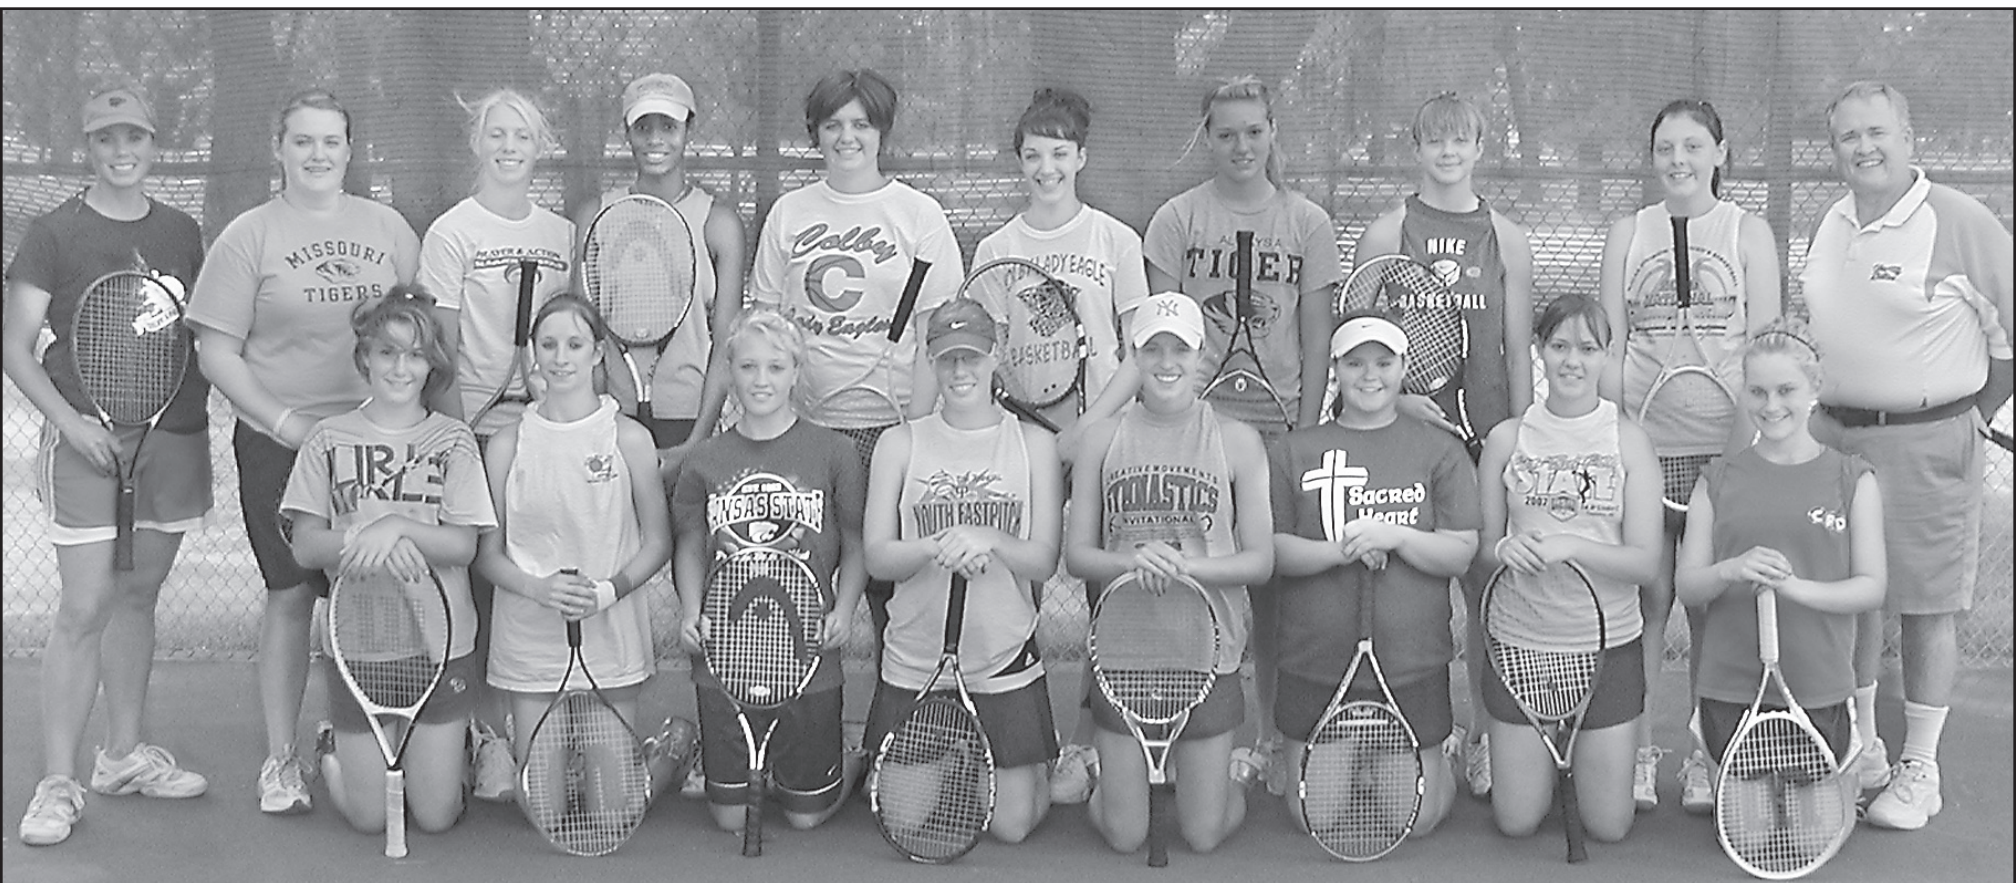

Colby High School Girls' Tennis

Back Row L-R: Coach Jennifer Rall, Hannah Matchell, Laura Juenemann, Paige Roopchan, Madison Gawith, Lauren Shoaff, Megan Schroeder, Janessa Williams, Alexa Schindler, Assistant Coach Gene Rothfuss Front Row L-R: Keana Keck, Amber Bond, Hannah Giebler, Caitlyn Wark, Kayla Hockersmith, Megan Dougherty, Kim Gerstner, Tomi Miller. Not pictured: Katera Harter, Barbara Bickner. Photo by Andy Heintz.
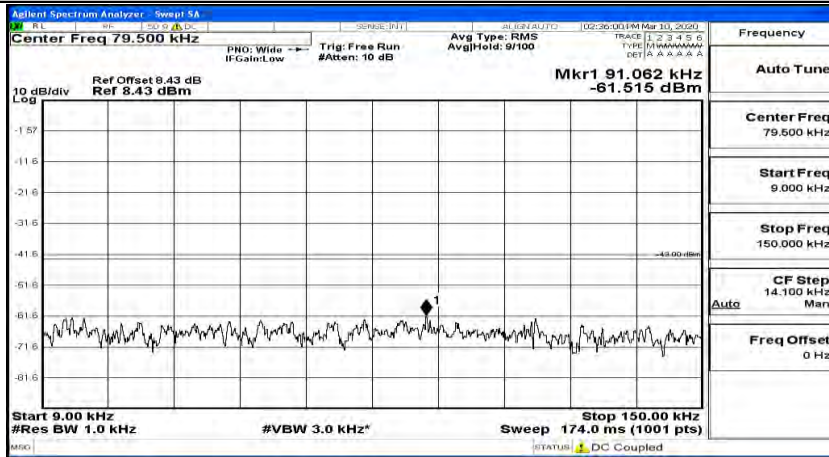

(Channel Bandwidth:20 MHz)_MCH_16QAM_1RB#0

(Channel Bandwidth:20 MHz)_MCH_16QAM_1RB#49

.....

EXERCISE BRIEF - Please repeat exactly the data above from its first line to the line that contains "Back Row L-R: Coach", inclusive, and leave every picture out.

OUTPUT OF THE TASK -
Colby High School Girls' Tennis

Back Row L-R: Coach Jennifer Rall, Hannah Matchell, Laura Juenemann, Paige Roopchan, Madison Gawith, Lauren Shoaff, Megan Schroeder, Janessa Williams, Alexa Schindler, Assistant Coach Gene Rothfuss Front Row L-R: Keana Keck, Amber Bond, Hannah Giebler, Caitlyn Wark, Kayla Hockersmith, Megan Dougherty, Kim Gerstner, Tomi Miller. Not pictured: Katera Harter, Barbara Bickner. Photo by Andy Heintz.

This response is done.